11th Assistant Secretary of State for Political-Military Affairs
- In office July 13, 1992 – October 11, 1994
- President: George H. W. Bush Bill Clinton
- Preceded by: Richard A. Clarke
- Succeeded by: Thomas E. McNamara

Personal details
- Born: February 11, 1946 (age 80) Brooklyn, New York, U.S.

= Robert Gallucci =

American academic and diplomat (born 1946)

Robert L. Gallucci (born February 11, 1946) is an American academic and diplomat, who formerly worked as president of the John D. and Catherine T. MacArthur Foundation. He previously served as dean of the Edmund A. Walsh School of Foreign Service at Georgetown University, from 1996 to June 2009. Prior to his appointment in 1996, for over two decades he had served in various governmental and international agencies, including the Department of State and the United Nations.

==Early life and education==
Gallucci was born in Brooklyn, New York. He graduated from Brentwood High School. Afterwards he attended Stony Brook University for his undergraduate studies, later earning his master's degree and doctorate in politics from Brandeis University.

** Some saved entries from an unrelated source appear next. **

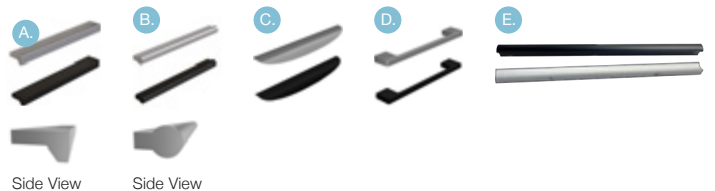

Bookcase

		LIST
JAXBC30	35.5"W x 11"D x 30"H	\$375
JAXBC60	35.5"W x 11"D x 60"H	\$540

Replacement Lock, Housing & Key
JAXLOCK
\$39

Optional Pulls available in Black or Silver

		LIST
A. WSPULLMOD	Angled Pull	\$34 ea.
B. WSPULLMET	Cylinder Pull	\$34 ea.
C. WSPULLPL	Large Crescent Pull	\$34 ea.
D. WSPULLRECT	Rectangular Bianca Pull	\$34 ea.
E. RYKPULL	Long Cylinder Pull 9 13/16" Long	\$41 ea.

After his post-graduate studies, he taught at Swarthmore College, Paul H. Nitze School of Advanced International Studies at Johns Hopkins University and Georgetown University. He has received fellowships from the Council on Foreign Relations, the International Institute for Strategic Studies, Harvard University, and the Brookings Institution.

==Career==
Gallucci left the world of academia in 1974 and went on to hold various positions relating to international affairs. He first found employment at the Arms Control and Disarmament Agency. Four years later, he became a division chief in the Department of State's Bureau of Intelligence and Research. From 1979 to 1981, he was a member of the Secretary's policy planning staff. He then served as an office director in both the Bureau of Near Eastern and South Asian Affairs and in the Bureau of Political-Military Affairs for a year each.

Ten years after beginning his foreign affairs career, he left Washington, D.C., to serve as the deputy director general of the Multinational Force and Observers, the Sinai peacekeeping force headquartered in Rome. He returned in 1988 to join the faculty of the National War College, where he taught for three years. In April 1991 he moved to New York to take up an appointment as the deputy executive chairman of the United Nations Special Commission (UNSCOM) overseeing the disarmament of Iraq. He returned again to Washington in 1992 to join the Office of the Deputy Secretary as the senior coordinator responsible for nonproliferation and nuclear safety initiatives in the former Soviet Union. In July of the same year his appointment as the Assistant Secretary of State for Political-Military Affairs was confirmed. During the North Korean nuclear crisis of 1994, Gallucci was the chief U.S. negotiator. He also has served as an ambassador-at-large with the Department of State, since August 1994.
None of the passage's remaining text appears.